Assessing the Use of Secondary Structure Fingerprints and Deep Learning to Classify RNA Sequences
Bibliographic record
Abstract
Non-coding RNAs (ncRNAs) are RNA molecules that do not code for protein, but take part in biological processes, including gene expression. Interestingly, like proteins, they can fold into complex structures to perform their wide array of biological functions. Since the folded structure of a ncRNA may be critical to its function, many studies have attempted to exploit structural data to infer information, often using machine learning techniques. For instance, they have used predicted secondary structures as input features to various machine learning techniques, in order to classify RNA sequences. However, it is known that a strand of RNA can fold into more than one possible structure, and some strands even form different structures in vivo and in vitro. Furthermore, ncRNAs often function as RNA-protein complexes, which can affect structure. We therefore hypothesized that using a single predicted secondary structure for a single sequence may discard important information, which may result in poorer classification accuracy. To investigate this claim, we propose the use of secondary structure fingerprints as features for machine learning applications, and report on a preliminary evaluation of this approach.
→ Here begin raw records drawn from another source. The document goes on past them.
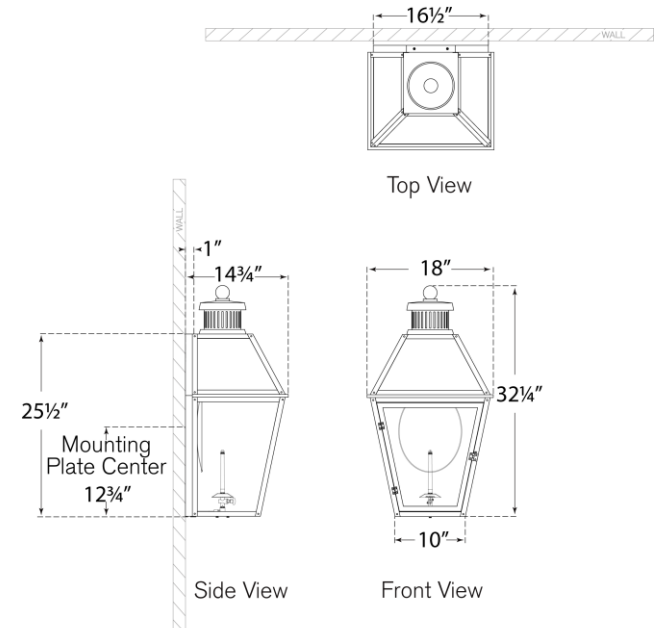

TEAR SHEET

Stratford Large 3/4 Gas Wall Lantern

Item # CHO 2452BLK-CG

Designer: Chapman & Myers

Height: 32.25"

Width: 18"

Extension: 14.75"

Backplate: 16.25" x 25.5" Decorative

Gas light fixture supplied with 3/16" copper gas line and 3/16" x 1/4" gas line adaptor
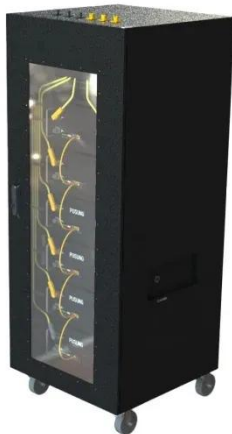

with custom rectifier module solutions for efficient, scalable, and reliable performance.

Aevstel: ODM solution for telecom & BESS cabinet, IDC and FTTH Rack.

From 5G base-station power & equipment cabinets to data center racks, cable management and turnkey server-room builds, we deliver complete infrastructure solutions for telecom and public-sector projects.

Account , T-Mobile Support

From orders and upgrades, to plans and payments; find everything you need to know to manage your T-Mobile account.
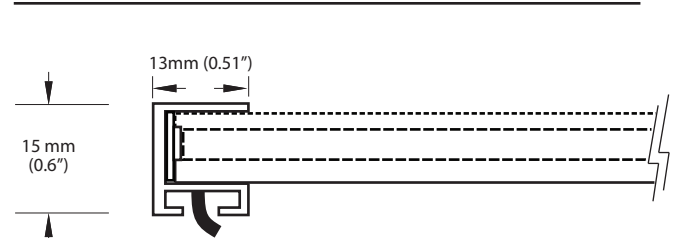

FRAMELESS MAX-HIGH - PROFILE (TO SCALE)

LED PANEL - MAX-HIGH BRIGHTNESS

MODEL :	ELsf-37mh/
LED OUTPUT :	MAX-HIGH OUTPUT
POWER CONSUMPTION :	17 W/M [5.18W/Ft]
FRAME THICKNESS :	8mm [0.31"]
FRAME STYLE :	SINGLE CHANNEL BACK - INVISIBLE MOUNTING
BRIGHTNESS LEVEL :	10/15

MAX HIGH - PROFILE (TO SCALE)

LED PANEL - EXTREME BRIGHTNESS

MODEL :	ELsf-32e/
LED OUTPUT :	EXTREME OUTPUT
POWER CONSUMPTION :	25 W/M [7.62W/Ft]
FRAME THICKNESS :	10mm (0.39")
FRAME STYLE :	DOUBLE CHANNEL BACK - INVISIBLE MOUNTING
BRIGHTNESS LEVEL :	15/15

EXTREME - PROFILE (TO SCALE)

LED SLIM FIXTURE W/ DIFFUSION - MAX-HIGH OR EXTREME BRIGHTNESS

MODEL :	ELsfd-20/mh (Max-High) or ELsfd-20/e (Extreme)
LED OUTPUT :	MAX- HIGH OR EXTREME OUTPUT
POWER CONSUMPTION :	MH - 17 W/M [5.18W/Ft] E - 25 W/M [7.62W/Ft]
FRAME THICKNESS :	15mm (0.6")
FRAME STYLE :	SINGLE CHANNEL BACK
BRIGHTNESS LEVEL :	W/ DIFFUSION - MH - 9/15 E- 13/15

SLIM FIXTURE W/ DIFFUSION - PROFILE (TO SCALE)

CONTACT INFO.
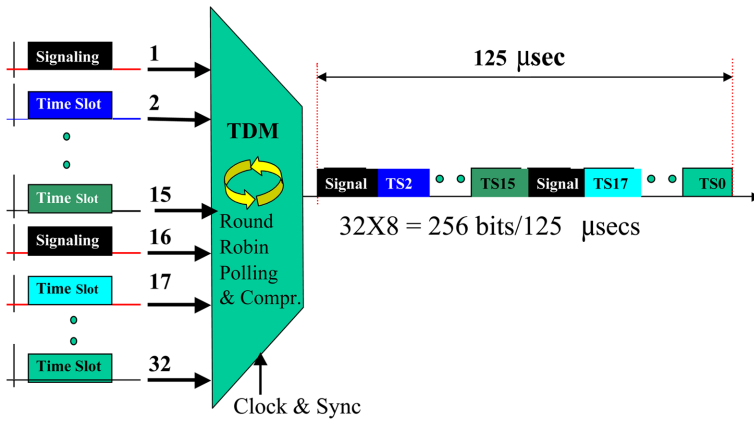

**Figure I.1** Characteristics per service.

**Figure 1.1** Analog to PCM.

**Figure 1.2** DS0 rate.

Figure 1.3 DS1 rate—M1 Mux.

Figure 2.1 T-carrier hierarchy.

Figure 2.2 DS2 frame (6.312 Mbps).

Figure 2.3 T-carrier hierarchy.

Figure 2.4 DS3 frame definition (44.736 Mbps).

**Figure 2.5** E1 rate (2.048 Mbps).

Figure 2.6 European hierarchy.
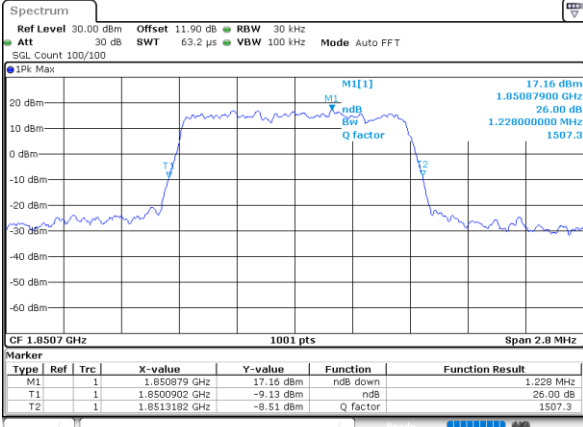

LTE Band 25

Lowest Channel / 1.4MHz / QPSK

Date: 7_AUG.2020 03:18:43

Lowest Channel / 1.4MHz / 16QAM

Date: 7_AUG.2020 03:18:54

Middle Channel / 1.4MHz / QPSK

Date: 7_AUG.2020 03:25:05

Middle Channel / 1.4MHz / 16QAM

Date: 7_AUG.2020 03:25:17

Highest Channel / 1.4MHz / QPSK

Date: 7_AUG.2020 03:27:26

Highest Channel / 1.4MHz / 16QAM

Date: 7_AUG.2020 03:27:14

LTE Band 25

Lowest Channel / 3MHz / QPSK

Date: 7,AUG,2020 03:33:54

The fingerprints comprise two categories: a higher-level (topological) representation derived from RNA-As-Graphs (RAG), and free energy fingerprints based on a novel curated repertoire of small RNA motifs. We have also evaluated our deep learning architecture with k-mers as features, alone and combined with secondary structure fingerprints; to see whether secondary structures or nucleotide composition is more useful in RNA classification, and whether or not both feature types complement each other well. The dataset, trained models, and supplemental material of this study are available at https://www.site.uottawa.ca/turcotte/bibm2020.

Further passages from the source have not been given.